Setup the evaluations and user feedback. This is main step: Sam recommends to create an evaluation for a trace, improve the prompt until the evaluation gets better, and include the data in future evaluations. It’s also good to get get feedback from end users and build custom, app-specifc eval dashboard. For him, looking at the semantics of users’ responses is also helpful. For example, are the users happy, are they cursing out, etc. In voice agents, you could take audio snippets, pass to mulit-modal model and ask: what’s the user’s tone? How do the feel about the conversation? Multi-modal models are quite good at detecting things that are not present in the text but captured in audio. The collection can be explicit from user feedback or implicit from tone and semantics during the conversation. Sidenote: I assume this could be a challenge with AI regulations in the EU, since sentiment detection and classification is a high-risk application. Probably worth a separate blog post.
Monitoring: This step is to make sure your production system is just as good as it is in testing. You can take the evals, run them on every conversation, or on a sample of conversations. This way, you can see how the system’s performance changes over time, eg. after changing the model, changing prompts, changing user preferences, and changing reference data. With monitoring, you can get notified if sth is going in the wrong direction early, rather than finding it out via unhappy users.

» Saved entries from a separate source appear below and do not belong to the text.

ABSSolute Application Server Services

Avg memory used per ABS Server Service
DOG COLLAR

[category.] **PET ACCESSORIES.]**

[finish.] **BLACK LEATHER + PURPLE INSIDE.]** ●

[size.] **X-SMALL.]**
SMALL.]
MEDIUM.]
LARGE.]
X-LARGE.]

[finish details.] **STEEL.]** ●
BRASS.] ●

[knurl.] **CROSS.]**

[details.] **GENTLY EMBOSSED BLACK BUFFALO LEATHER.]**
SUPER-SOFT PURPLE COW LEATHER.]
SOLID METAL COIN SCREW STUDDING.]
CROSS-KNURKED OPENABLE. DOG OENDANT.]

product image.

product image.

Sam’s explanations were hands-on and practical. I also like his weave-pipecat GitHub repo that shows how to integrate WandB’s Weave with Pipecat.
Brooke, the founder of Coval, closed the loop that Hamel started, by looking at the methodology, especially with simulation driven evals. I like her analogy that “self-driving is just an agent on wheels” and that she’s now building “self-driving for evals” with her company. She says with voice AI, trust is especially important, since we all have painful experiences with old-school voice assistants. Even if the technology became so much better, we still have to prove that the systems now are better, too. And the only way to do this is evals.

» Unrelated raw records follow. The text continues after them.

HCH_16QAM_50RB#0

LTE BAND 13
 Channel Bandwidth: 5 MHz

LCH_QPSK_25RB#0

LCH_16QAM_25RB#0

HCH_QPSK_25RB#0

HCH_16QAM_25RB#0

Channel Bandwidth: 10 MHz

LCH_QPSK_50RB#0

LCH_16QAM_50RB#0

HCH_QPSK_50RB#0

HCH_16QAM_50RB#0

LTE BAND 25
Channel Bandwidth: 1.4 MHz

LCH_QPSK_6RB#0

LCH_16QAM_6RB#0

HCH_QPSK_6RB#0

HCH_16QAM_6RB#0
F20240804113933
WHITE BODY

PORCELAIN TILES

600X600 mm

AI testing is slow, but this has been solved by self-driving teams ten years ago which faced a similar challenge:
- get from (conversation) start to finish, with non-determinism
- every single set has many possible next steps
- exponential aspect of all possible test cases, because each step impacts the next step of the agent
Simulation can simulate many possible scenarios, and is able to estimate the possibiliy of certain types of events across different scenarios and paths to answer the main question; “What is the probability that my voice agent is able to achieve my objective.”

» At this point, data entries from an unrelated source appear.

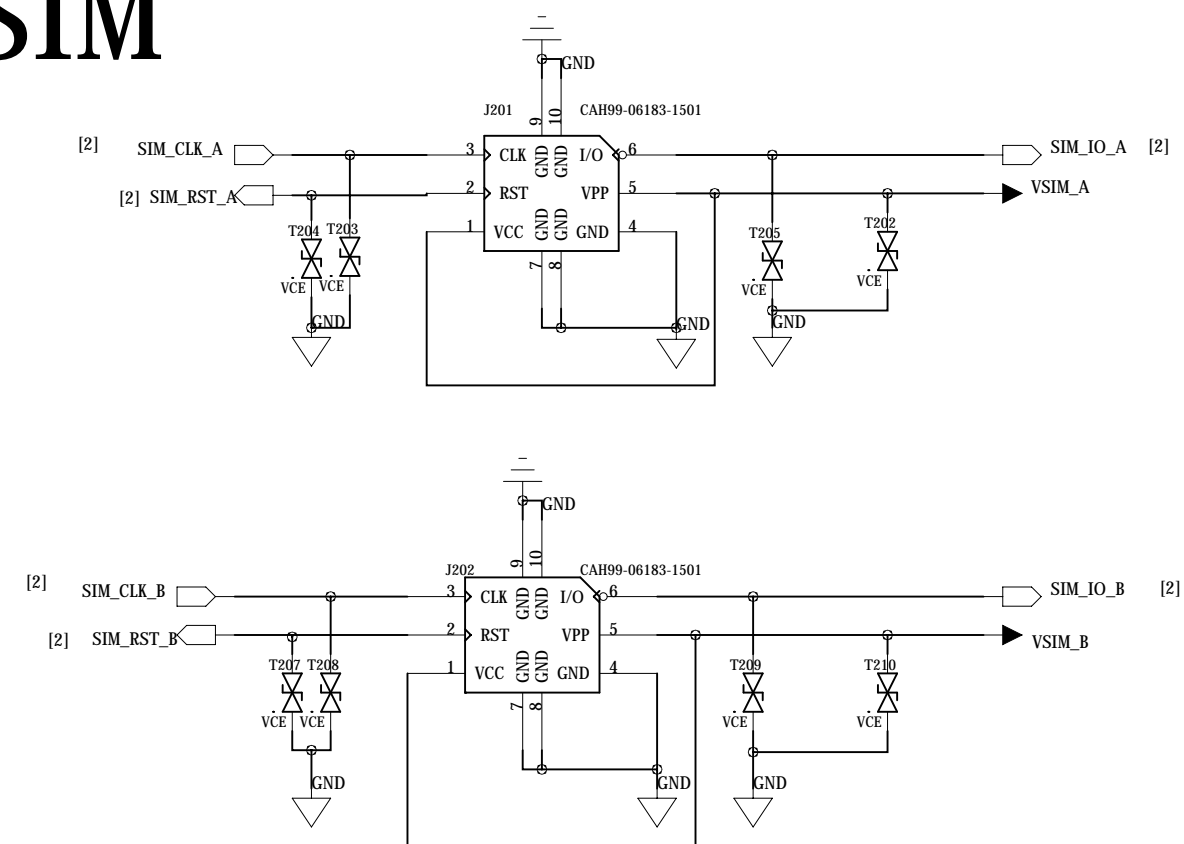

Analog-Baseband

Dual-SIM

Vibrator

DRAWN

DATE

MODEL:

CHECKED

TIME

TITLE:

MT6223D_ANALOG VERSION

V1.0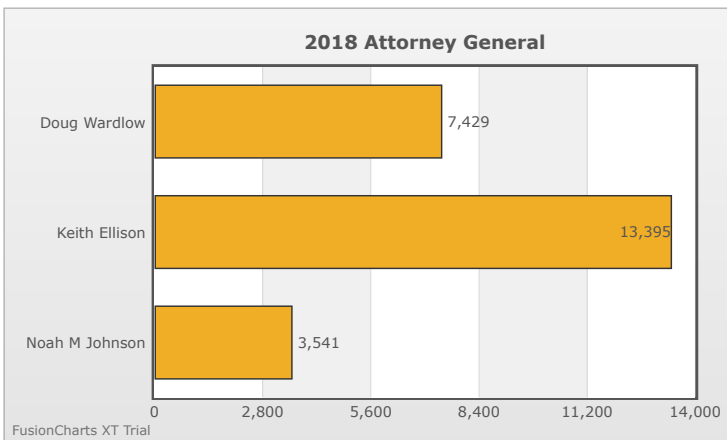

Kids Voting Minnesota Network 2018 Election Results

Compare your school's results with statewide totals from all MN students who participated in Kids Voting this year.

Webster Elementary Chart

No data to display.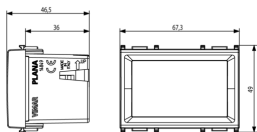

Monochrome touch screen KNX 3M white

Monochrome touch screen, for the room control, Well-contact Plus, white - 3 modules

2 - Will be discontinued

1 NR

- [FI - Foglio istruzioni ZIS_49400263C0 (5304 kb)](#)
- [DB_ComandoSupervisione_KNX_REL-01.17_20230117.zip](#)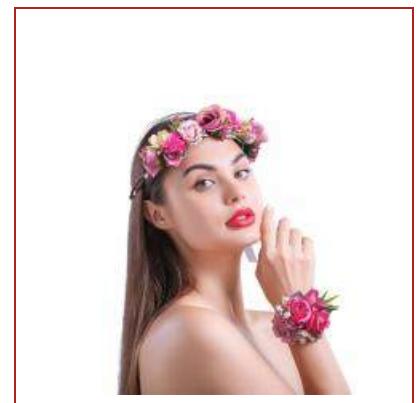

HDFH-32

MULTI COLOR FLOWER HEADBAND WITH WRIST CORSEGE

SKU No. HDFH-32

Spec. 22cm

Qty/Ctn 200pc

MOQ 120pc

Material polyester

Product Detail \n-woman floral headpiece \n-polyester\n-heaedband dia:22cm,\n-1pc into polybag,12pcs into big polybag,200pcs into export carton\n-export carton size:55*45*40cm\n-Flower decoration,big floral,\n-MOQ:120PCS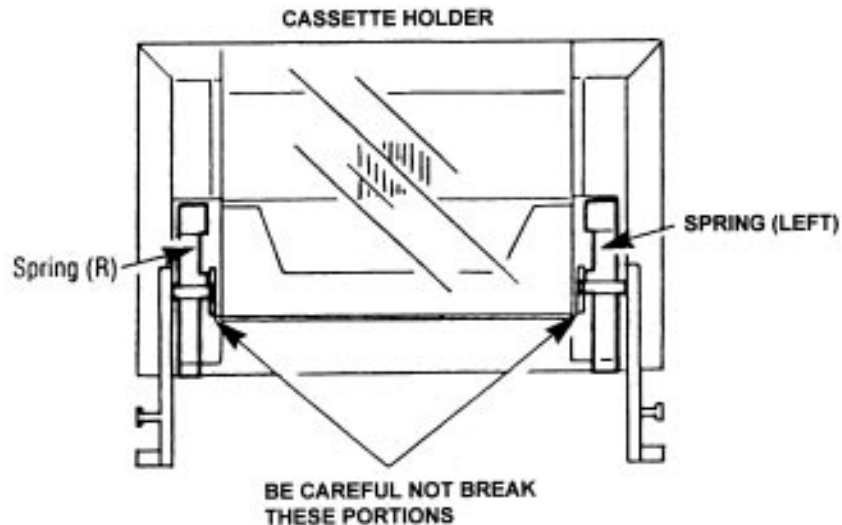

Date: March 25, 1996

Symptom:

(**)

The original cassette holder (A-2173-013-A or X-3318-918-1) is no longer available. Use the following part number when ordering X-3318-945-1.

Solution:

To correctly mount the replacement Cassette Holder, it is necessary to add the Left Spring (3-307-371-00) and the Right Spring (3-307-372-00). See diagram below.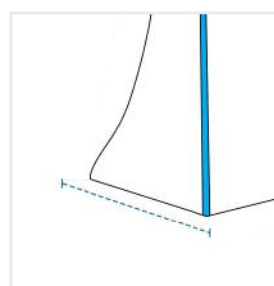

6. Bottom Depth:

Bottom Depth of the Ice Hockey Net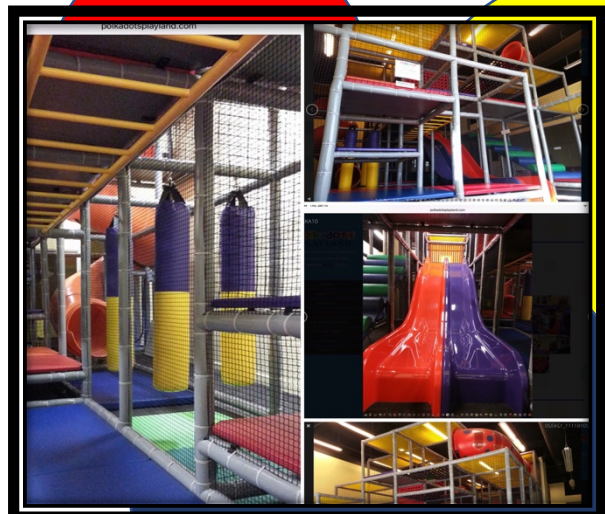

Now Accepting

Kids ages 4-10

December 19 -30th

8:30am - 4:30pm

(Extended hours-7am to 6pm available)

Contact us

905-455-3687

Polkadotsplayland@gmail.com

305 Royal West Drive

Brampton, ON

L6X 5K8

(Details attached)

Brooke highlighted that evaluating voice is inherently hard because voice AI apps need a model cascade, where each step is difficult in itself, and putting them together even more so. An error upstream can impact the performance of all the downstream steps. For example, if the speech to text performance is bad, it doesn’t matter how smart the LLM is, because the input is wrong. At the end of her presentation, she gave a good list of common challenges of voice AI apps:
- Latency vs. interruptions is a tradeoff. Making an app more proactive and responsive with reduced latency will likely lead to more interruptions and vice versa.
- Workflow following in the sense of keeping the agent on topic is hard.
- Tool calls are hard to evaluate: Does the agent take the right actions at the right time with the right arguments and does it lead to the agent completing the task successfully?
- Alphanumeric performance, transcription errors, and translation quality are still difficult.
- Compliance
This session reinforced my gut feeling that evals are a very important aspect of AI Engineering and provided a glimpse into how to approach it. It also made me even more excited about Shreya’s and Hamel’s Evals course.